Despite the Bonds being issued by Gategroup Finance (Luxembourg) SA (the Issuer), the Gategroup Plan was proposed by a special purpose vehicle incorporated in England, Gategroup Guarantee Limited (the SPV). As initiating an insolvency procedure would constitute a default by the Issuer under the Bonds, the SPV was incorporated outside of the group, a solution that has been used regularly in Schemes. Gategroup also moved the centre of main interests (COMI) of the Issuer to England. Whilst this shift was somewhat artificial, the High Court endorsed the COMI shift given the lack of realistic alternatives for the group.
As the Bonds were governed by Swiss law and subject to the exclusive jurisdiction of the Swiss courts, the main question that fell before the High Court was whether the English courts had jurisdiction to sanction the Gategroup Plan on application of the Lugano Convention. Even though the UK left the European Union on 31 December 2020 and is no longer subject to the Lugano Convention (pending future accession), the Gategroup Plan was launched prior to such departure on 30 December 2020 and so the Lugano Convention continued to apply in this case.
In his judgment, Mr Justice Zacaroli considered whether Restructuring Plans are “civil and commercial matters” and thus within the scope of the Lugano Convention, or whether the Bankruptcy Exclusion applied. For context, if the High Court had determined that Restructuring Plans fall within the scope of the Lugano Convention, it likely would have been held that the proposed compromise or arrangement should be subject to the jurisdiction of the Swiss courts.
Mr Justice Zacaroli rejected the argument that because Schemes fall within the scope of the Lugano Convention, so too do Restructuring Plans.

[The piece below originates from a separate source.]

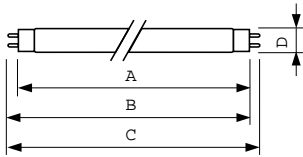

## Dimensional drawing

Product	D (max)	A (max)	B (max)	B (min)	C (max)
MASTER TL-D Super 80 18W/840 1SL/25	28 mm	589.8 mm	596.9 mm	594.5 mm	604 mm

For example, in response to an argument advanced by a bondholder that the Restructuring Plan is materially indistinguishable from a Scheme, he cited the so-called “threshold conditions” for companies to utilise Restructuring Plans (as mentioned at the outset of this article): i.e. that (i) the company has encountered, or is likely to encounter, financial difficulties that are affecting, or will or may affect, its ability to carry on business; and (ii) a compromise or arrangement is proposed between the company and its creditors and/or members (or any class of them) to eliminate, reduce or prevent, or mitigate the effect of such financial difficulties (the Threshold Conditions). As previously stated, Schemes may be utilised irrespective of the financial condition of the company.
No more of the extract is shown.